Разговоры о переговорах. Зачем в Абхазии задали себе «грузинский вопрос»


ПРАГА---В Абхазии продолжается полемика о так называемой концепции внешней политики, предложенной президентом самопровозглашенной республики Асланом Бжания. Как и почему общество разделил один пункт о возможностях многоуровневых переговоров с Тбилиси, и чем это разделение может быть чревато, за «Некруглым столом» обсуждаем с политологом Астамуром Тания и руководителем общества «Инва-содействие» Алхасом Тхагушевым.

Алхас, конец года, пандемия, энергокризис – зачем будоражить народ еще и таким непростым начинанием, как концепция внешней политики?

Алхас Тхагушев: Я не думаю, что кто-то намеренно хотел будоражить народ. Сегодня я послушал интервью депутата Астамура Логуа. Честно говоря, для меня это были новые какие-то вводные – что ничего не обсуждалось. И я понял, что не все так однозначно. Видимо, какой-то системный сбой произошел, недостаточно было уделено внимания в стенах парламента обсуждению этого вопроса, или, как выразился депутат Логуа, было мало времени, что-то там помешало, – я не знаю, что. Как я понял, никакого злого умысла не было в принятии этой концепции, но то, что произошел такой обмен мнениями, в этом я тоже никакой проблемы не вижу. Мне кажется, это даже хорошо, что есть такая заинтересованность, что такой открытый разговор состоялся.

Некруглый стол
please wait

No media source currently available

0:00 0:14:47 0:00
Скачать

Алхас, что вы имеете в виду под «системным сбоем» проблемы в коммуникациях власти и парламента, сбой внутри власти?

Возможно, эта проблема как раз обозначила, что парламенту нужно давать больше полномочий

Алхас Тхагушев: У нас вообще сама конструкция власти несбалансированна, и многие решения в разные годы, возможно, принимались без должного обсуждения. Возможно, эта проблема как раз обозначила, что парламенту нужно давать больше полномочий. Более сбалансированная система позволила бы избегать этих кризисных ситуаций.

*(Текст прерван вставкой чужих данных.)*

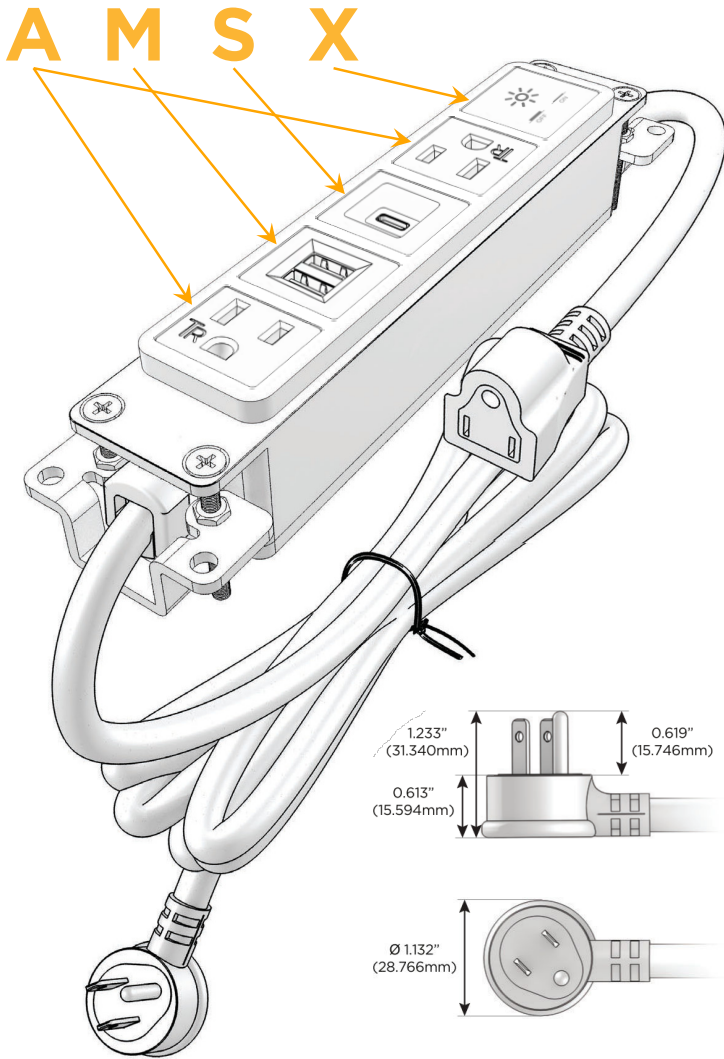

Bezel Finish: **SATIN BLACK (ABS)**

Custom Finishes Available M-POWER-5TW-AMSAX-B2AB

Features:

Module/Port Options:

- A** Tamper Resistant AC Receptacle
- E** USB-A & USB-C (20W)
- M** Double USB-A (Fast Charging Ports - 18W)
- H** HDMI
- 6** CAT 6
- 12** RJ 12
- X** Switched AC
- Y** 3-Way Switch (Low Voltage)
- V** USB-C (45W High Speed Charging Port)
- S** USB-C (25W High Speed Charging Port)
- R** Switched AC (Rocker Switch)
- D** Dimmer Switch

Plug:

Supplied with Low Profile Flat 45° Angle 120 VAC Plug

Optional Standard Straight 120 VAC Plug

Optional Straight 120 VAC Pass-through Plug

- CLEAN, COMPACT DESIGN
- STREAMLINED
- LOW PROFILE
- SIDE-EXITING CORDS
- PLUG & PLAY
- 6' AC CORD & PLUG (FLAT PLUG STANDARD)
- CUSTOMIZABLE CONFIGURATIONS AND FINISHES
- UL LISTED FOR MOUNTING IN FURNITURE
- 15A

M-POWER-5T

AC POWER & DATA CONNECTIVITY SOLUTION

M-POWER-5TW-AMSAX-B2AB

Specs:

Modules/Ports:

- A** Tamper Resistant AC Receptacle
- M** Double USB-A (Fast Charging Ports - 18W)
- S** USB-C (25W High Speed Charging Port)
- X** Switched AC
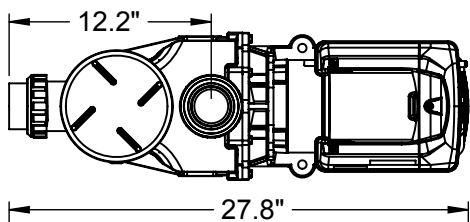

Part # 2431050A-VS

Part # 2431050A-VS

Waterco - Infinium Eco V-150 Variable Speed Pump

PART NUMBER	PRODUCT DESCRIPTION	CONNECTIONS
243150A-VS	INFINIUM ECO V-150 VARIABLE SPEED PUMP 1.65 HP	2.0

* NOTE: Supplied with 2 of 1.5" reducer

Specifications

MODEL	INLET/OUTLET SIZE INCHES	VOLTS	SF AMPS	MOTOR FRAME	RPM
1.65HP	2.0	230	10.0	56J	3,450
2.70HP	2.0	230	11.1	56J	3,450
1.65 HP	2.0/2.5	230	6.8	56J	3,450
2.070HP	3.0	230	11.1	56J	3,450
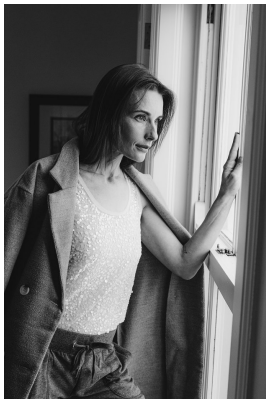

## CHANTALLE SENEKAL

Height: 177cm Bust: 89cm Waist: 65cm Hips: 92cm Shoe: 7 UK Hair: Brown Eyes: Green

Астамур, Алхас использовал оборот «системный сбой», но этот системный сбой случился вскоре после того, как случился предыдущий – полемика по поводу гармонизации отношений с Россией. Связаны ли эти сбои как-то между собой – логически, или внутриполитически, или еще как-то?

Астамур Тания: Когда в обществе существует так ярко выраженная политическая поляризация при выработке каких-то подходов – в данном случае, речь идет даже не о решении, а о концепции, – мне кажется, что все-таки нужно исходить из того, что такая политическая поляризация есть, и нужно принимать какие-то превентивные меры по купированию таких эмоциональных выплесков. Это все-таки кавказская политика, ей свойственна эта эмоциональность, поэтому я не вижу здесь выхода за рамки нашей традиционной политической культуры.

То есть, по-вашему, ничего сущностного в этом споре нет, и вопрос только в форме подачи и, собственно, эмоциях. Сама позиция возражений не вызывает, получается?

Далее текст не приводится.